First, most of the included articles focused on the diagnostic efficiency of a single metabolite ratio. The standards combined different metabolites with metabolite ratios in distinguishing HGGs from LGGs, but these were not well established. Thus it was difficult to perform an accurate statistical analysis, as it was not known whether combined standards could improve diagnostic accuracy. In addition, the focus of the analysis was the superior metabolite ratios of tumour tissue, and comparisons between tumour tissue and healthy tissue were lacking, which may have led to lower specificity.

Second, as mentioned above, several innovative and advanced multiparametric magnetic resonance techniques, including DWI, DTI, and MR perfusion and multimodal imaging including PET/SPECT, also help to distinguish HGGs from LGGs. Though it is controversial which imaging technique is superior, most authors concluded that combined techniques would improve diagnostic accuracy [17, 22, 29, 34, 54].

Third, heterogeneity was found among the Cho/Cr ratio groups, and factors such as sample size, patient age and glioma grade may have also contributed to heterogeneity. Although heterogeneity was not present in the other two groups, there was considerable variation in study design, such as different types of coils, MRI devices and diverse methods of determining cut-off values. Fourth, there may have been publication bias regarding the Cho/Cr and Cho/NAA groups. Our meta-analysis was based only on published studies, which tend to report high accuracy; studies with lower accuracy are often rejected or not even submitted. In addition, this review was restricted to full-text articles published in English, thus omitting eligible studies that were unpublished or reported in other languages, which also likely resulted in bias.

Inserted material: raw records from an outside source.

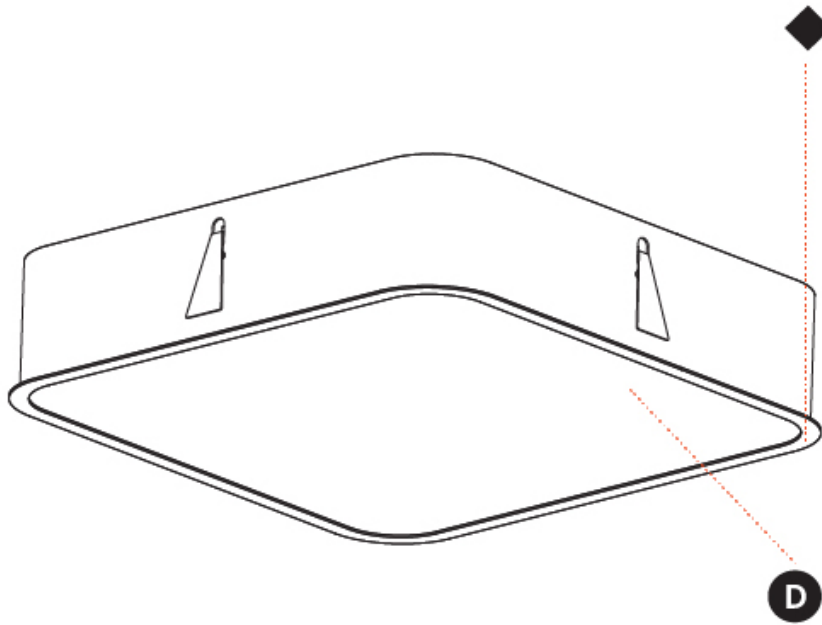

SMOOTHY STANDARD RECESSED

A37599-

PROJECT	_____
TYPE	_____
SPECIFIER	_____
QUANTITY	_____
DATE	_____

Fifth, different spectroscopic patterns of glial tumour grades were not reflected. High-grade tumours in these studies represented grade III and IV cases grouped together, whereas a major diagnostic challenge sometimes is differentiating grade II from grade III and grade III from grade IV. Dividing the subgroups would have changed the cut-off threshold. Finally, the studies with small sample sizes would be greatly affected by adding 0.5 to each cell of the study to correct for zero entries in order to avoid potential problems in odds calculations for studies with sensitivity or specificity of 100 %.

In conclusion, this meta-analysis provides evidence that MRS has moderate diagnostic performance in distinguishing HGGs from LGGs using tumoural metabolite ratios. The Cho/NAA ratio is superior to the NAA/Cr ratio in differentiating between HGGs and LGGs. We suggest that MRS should be combined with other advanced imaging techniques in order to improve diagnostic accuracy.